The Challenges of a Delta

List Folders and Submissions (aka /delta), the most powerful call in this release, uses an incremental approach to allow apps to retrieve and store the current state of a user's Sta.sh in the most efficient way possible. By using the current state, developers and apps can recreate the Sta.sh experience on any device with any interface they desire. Let's look at what it does, how it works, and some of the challenges that dT faced during development.

Users can have up to 10GB of deviation submissions in their Sta.sh - literally thousands of 1Mb submissions. Each submission belongs to a folder, and folders can have many submissions. For an application to represent this to the user, it needs to know everything about the submissions as well as the containing folders. Because submissions can be updated, published, deleted, and moved between folders, an application needs to constantly check for the data.

Challenge 1: How can a third party application check the status of thousands of deviation submissions and Sta.sh folders repeatedly without drastically increasing server load and lagging the app?

Challenge.. Accepted: The solution was inspired by Dropbox's /delta API (though it's fundamentals can be seen throughout the world of computer science). The first time an application loads a user's Sta.sh state, we give it everything. All of the folders, all of the submissions. That kind of transmission could be megabytes, so we chunk it up into result sets of roughly 120 submissions. The application makes as many calls as necessary to retrieve the full list, and stores all of this information locally; when it completes, it will contain the exact state of that user's Sta.sh.

We also give the app a unique cursor which represents that exact state of that user's Sta.sh. After the user interacts with Sta.sh (submitting new deviations, modifying existing ones, publishing and deleting, moving deviations between folders), the application can send us the cursor and we'll give it everything that has changed. Checking for updates becomes a very fast, repeatable process for the application.

Challenge 2: How do we build the list of modified submissions and folders?

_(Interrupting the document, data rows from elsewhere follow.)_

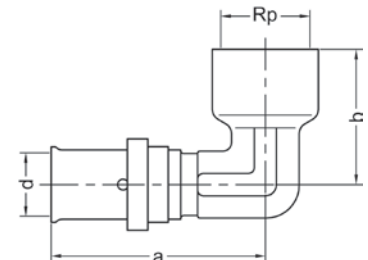

25090 – угол 90°, НПр

Артикул.	Размер d	Пакет	Коробка	EAN-код.	a
12509014	14	10	120	4021343333118	42
12509016	16	10	120	4021343331565	40
12509020	20	10	70	4021343331572	42
12509026	26	5	40	4021343331589	49
12509032	32	5	30	4021343331596	53
12509040	40	5	20	4021343338243	55
12509050	50	2	8	4021343338250	76
12509063	63	2	6	4021343338267	83
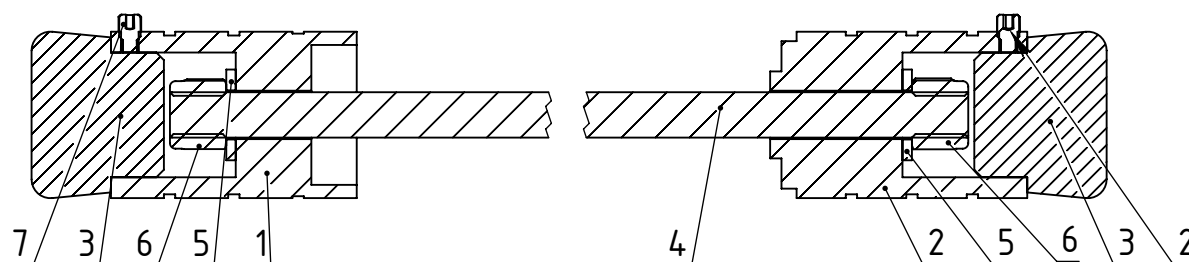

CRAZY IRON

МЫ ПРОИЗВОДИМ БЕЗОПАСНОСТЬ

Пеги в ось заднего колеса для Yamaha MT-09 Tracer 21'

Артикул 3080814.

Позиция	Обозначение	Описание	Кол-во	Примечание
1	3080814п	Правый адаптер в ось заднего колеса MT-09 Tracer 21'	1	
2	3080814л	Левый адаптер в ось заднего колеса MT-09 Tracer 21'	1	
3	3080814с	Слайдер в адаптер	2	
4	Шпилька M12x400		1	
5	Шайба 13 DIN 125		2	
6	Гайка M12 DIN 934		2	Момент затяжки не более 80Нм
7	Винт стопорный M6x10 DIN 915		2

Challenge.. Accepted: Let's reconsider the data challenge above: 10GB of deviations = thousands of submissions = tons of data. Per user. Storing the exact state of a deviation at each step in the process would.. well, it'd be like striking the immovable object with the unstoppable force. Chuck Norris would disappear from existence. :confused:

Aiming to save ol' Chuck, we implemented a circular log table to track each user action in Sta.sh; we can store as many as one hundred and sixty thousand user actions. Anything above that wraps the table and automatically deletes old entries.

Each cursor corresponds to a specific log entry, so we can quickly compile a list of modified items since that cursor. Note that we do not record the state of the item in the log - we just record the fact that it changed in some way. This lets us fetch data for a small list on request, making the delta call cheap and fast.

Challenge 3: What happens when the circular table rolls over and old entries are lost? What if my application's last cursor becomes invalid? What if a submission is added and deleted between delta calls?

Challenge.. Accepted: The first two questions are examples of edge conditions where an incremental approach breaks down. To compensate, we have a special flag called reset that tells the application it needs to throw away its stored data and start over.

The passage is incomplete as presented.